Revolte in der AfD abgesagt

Die vermeintlichen Gemäßigten gehen geschwächt in den Bundesparteitag

Der Weg zum Führerprinzip ist bereitet: Künftig soll auch eine Einzelspitze möglich sein

Aus Riesa Gareth Joswig

AfD-Chef Tino Chrupalla wollte in seiner Eröffnungsrede auf dem Bundesparteitag in Riesa integrieren. „Wir wollen die destruktive Stimmung der Vergangenheit hinter uns lassen“, sagte er.

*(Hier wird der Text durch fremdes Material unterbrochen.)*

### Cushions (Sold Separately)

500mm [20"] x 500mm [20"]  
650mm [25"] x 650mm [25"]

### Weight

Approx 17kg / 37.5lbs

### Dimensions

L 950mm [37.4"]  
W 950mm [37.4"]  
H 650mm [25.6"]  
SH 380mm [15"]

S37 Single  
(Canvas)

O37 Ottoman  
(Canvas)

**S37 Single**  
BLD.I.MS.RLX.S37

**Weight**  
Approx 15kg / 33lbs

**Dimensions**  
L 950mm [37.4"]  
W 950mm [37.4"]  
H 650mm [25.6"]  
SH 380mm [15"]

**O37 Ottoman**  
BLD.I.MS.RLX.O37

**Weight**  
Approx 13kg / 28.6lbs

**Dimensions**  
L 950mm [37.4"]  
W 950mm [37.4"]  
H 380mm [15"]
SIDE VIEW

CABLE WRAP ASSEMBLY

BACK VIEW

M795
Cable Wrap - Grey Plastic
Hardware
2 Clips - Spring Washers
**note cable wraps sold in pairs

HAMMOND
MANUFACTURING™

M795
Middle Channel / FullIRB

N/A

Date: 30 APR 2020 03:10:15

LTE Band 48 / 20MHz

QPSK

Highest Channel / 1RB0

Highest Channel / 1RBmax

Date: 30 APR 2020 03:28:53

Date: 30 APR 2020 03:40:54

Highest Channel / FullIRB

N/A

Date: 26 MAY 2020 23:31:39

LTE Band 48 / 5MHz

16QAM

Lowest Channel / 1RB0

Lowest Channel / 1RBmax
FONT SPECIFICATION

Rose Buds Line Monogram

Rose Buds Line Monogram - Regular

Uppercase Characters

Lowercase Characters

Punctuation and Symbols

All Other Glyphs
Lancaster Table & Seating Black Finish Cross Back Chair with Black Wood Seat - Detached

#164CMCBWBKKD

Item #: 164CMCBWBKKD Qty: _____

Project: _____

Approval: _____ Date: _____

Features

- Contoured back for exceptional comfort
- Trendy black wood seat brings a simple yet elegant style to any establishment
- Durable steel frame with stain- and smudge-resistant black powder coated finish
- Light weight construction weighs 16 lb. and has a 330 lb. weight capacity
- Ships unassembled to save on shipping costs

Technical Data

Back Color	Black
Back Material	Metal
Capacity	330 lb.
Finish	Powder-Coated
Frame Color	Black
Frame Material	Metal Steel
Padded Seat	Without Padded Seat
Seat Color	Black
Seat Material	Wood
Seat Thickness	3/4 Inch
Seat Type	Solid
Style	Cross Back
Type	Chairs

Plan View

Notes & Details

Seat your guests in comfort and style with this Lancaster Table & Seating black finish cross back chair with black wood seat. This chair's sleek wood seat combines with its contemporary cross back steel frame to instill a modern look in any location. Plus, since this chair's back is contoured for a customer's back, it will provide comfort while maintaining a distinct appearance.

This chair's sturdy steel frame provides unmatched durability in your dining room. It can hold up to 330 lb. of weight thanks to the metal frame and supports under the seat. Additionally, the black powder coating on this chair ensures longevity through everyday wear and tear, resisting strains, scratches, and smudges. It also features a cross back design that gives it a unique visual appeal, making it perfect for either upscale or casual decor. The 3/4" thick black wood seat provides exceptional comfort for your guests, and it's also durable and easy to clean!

Es müsse ein Vorstand gewählt werden, der kollektiv und vertrauensvoll zusammenarbeite, dazu gehörten Disziplinierung und „Herausforderungen im Osten genau so wie im Westen“. Eine inhaltliche Idee, wie man den AfD-Abwärtsstrudel aus Mitgliederschwund, Wahlniederlagen und Streitigkeiten aufhalten will, nannte er nicht. Und bekam dann auch nur verhaltenen Applaus.

Seit Freitagvormittag tagt die extrem rechte AfD in einer riesigen Mehrzweckhalle in der sächsischen Kleinstadt Riesa. 565 Delegierte sind zugelassen. Chrupalla will wiedergewählt werden und im Vorstand einen erneuten Rechtsruck herbeiführen. Sollten er und sein Team durchkommen, hätte die völkische Strömung die Mehrheit im wichtigsten Parteigremium. Die alte Mehrheit der vermeintlich Gemäßigten um Ex-Mitglied Jörg Meuthen wäre dahin.

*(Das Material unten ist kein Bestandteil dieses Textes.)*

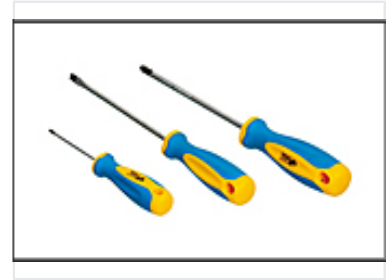

# Flathead Screwdriver Set

This set includes three flathead screwdrivers in varying sizes. They feature steel shafts and durable plastic handles, ensuring a comfortable grip and efficient torque.

### Professional Flathead Screwdriver Set

This set includes three high-quality flathead screwdrivers designed for both professional repairs and demanding DIY applications. Featuring durable steel shafts and ergonomic blue and yellow handles, these tools offer superior torque and comfort for extended use. The varying sizes provide versatility, ensuring the right fit for a wide range of flathead fasteners.

## Technical Specifications

Driver Type	Flathead
Number of Pieces	3
Material Composition	Steel Shaft, Durable Plastic

### Handle Features

Ergonomic • Comfort Grip • High-Visibility Colors
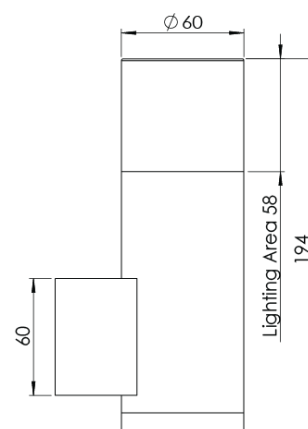

Product Family	Pavo
Adjustability	Fixed
Color	White- Black- Gray- RAL
Mounting Type	Surface Mounted
Body	Extruded aluminium body with electrostatic powder coated

Light Source	COB LED
Color Temperature	2700-3000-4000-5000-6500K
Color Rendering Index	CRI>80,CRI>90
Power	6 W
Power Factor	Pf>90
Luminaire Efficiency	90lm/W
Light Beam Angle	120°
Lumen	540 lm
Operating Voltage	220-240V AC / 50-60 Hz
Light Source Lifetime	50.000 hours Led lifetime
Optic	High efficiency PC glass

Control Type	On/Off
Electrical Insulation Class	Class I
Optional Features	Unavailable

Sealing	IP65
Weight	0,8 Kg
Dimensions	Ø60 x 194 mm

DIMENSIONS

Lumen value is given according to 3000K value.

Luminaire is F-marked and suitable for direct mounting on normally flammable surfaces.
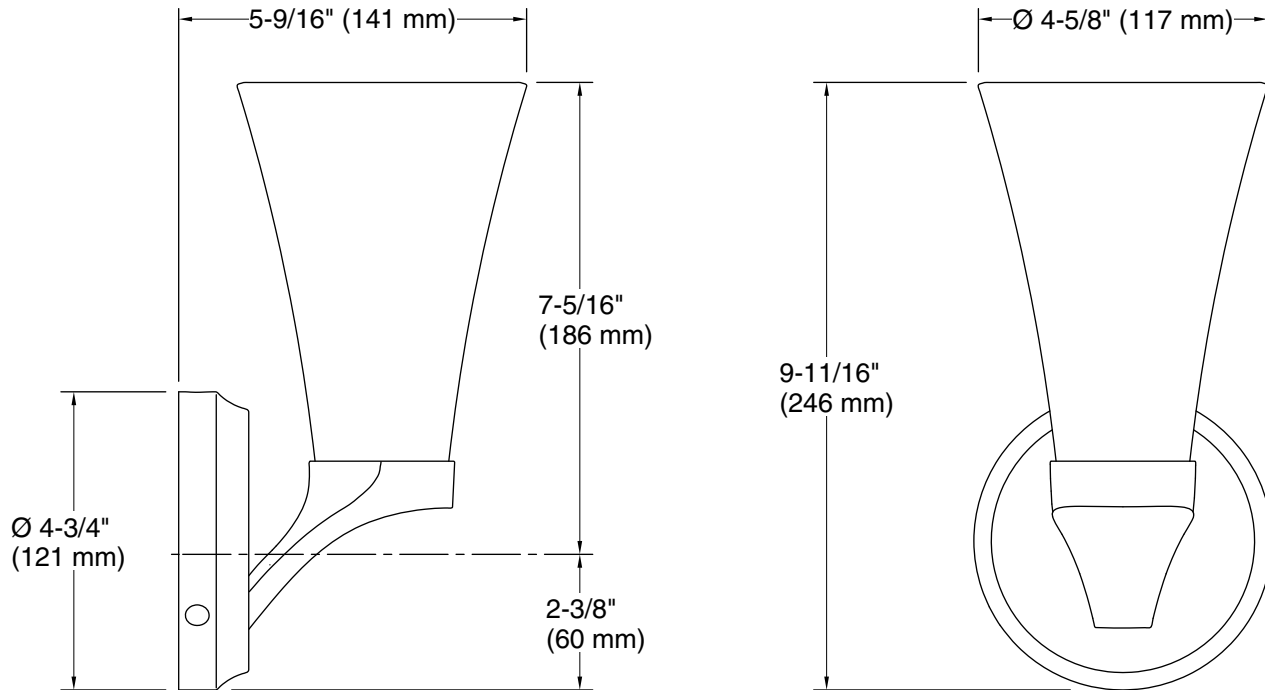

Required Electrical Service

One circuit required.

120 V, 60 Hz

Technical Information

All product dimensions are nominal.

Material: Steel, Glass, Zinc, Aluminum

Number of Lights: 1

Lighting Type: Socket-based

Socket Type: E-12 Candelabra

Number of Shades: 1

Shade Type: Frosted Glass

Notes

Install this product according to the installation instructions.

Der Rechtsruck schien bereits vor der für Freitagabend und Samstag geplanten Vorstandswahl greifbar: Die große Revolte gegen Chrupalla war abgeblasen – die Meuthen-Vertraute aus dem alten Vorstand Joana Cotar, die Chrupalla nach den kürzlichen Wahlniederlagen heftig kritisiert und seinen Rücktritt gefordert hatte, sagte der taz vor Parteitagsbeginn, dass sie nicht wieder antreten werde. Sie rechne damit, dass die Liste von Chrupalla in großen Teilen durchgewählt werde. „Ich werde mich jetzt auf die Digitalpolitik konzentrieren, das macht ohnehin mehr Spaß als Vorstandsarbeit“, sagte Cotar. Sie hätte auch mit einer weißen Fahne in den Saal kommen können.

Der Weg zum Führerprinzip ist schon mal bereitet: Als erste wichtige Entscheidung stimmte der Parteitag am Freitagnachmittag für einen Antrag der Völkischen, dass künftig auch eine Einzelspitze statt der bisherigen konfliktträchtigen Doppelspitze möglich sein soll. Zuvor hatte sich Rechtsex­tremist und Thüringen-Chef Björn Höcke dafür ausgesprochen. Die Entscheidung fiel ohne Delegierte aus Berlin, die nach einem Urteil des Bundesschiedsgerichts wegen Wahlmanipulation bei der Aufstellung nicht teilnehmen durften.Auch Saarländer fehlten, deren Parteitag war gescheitert.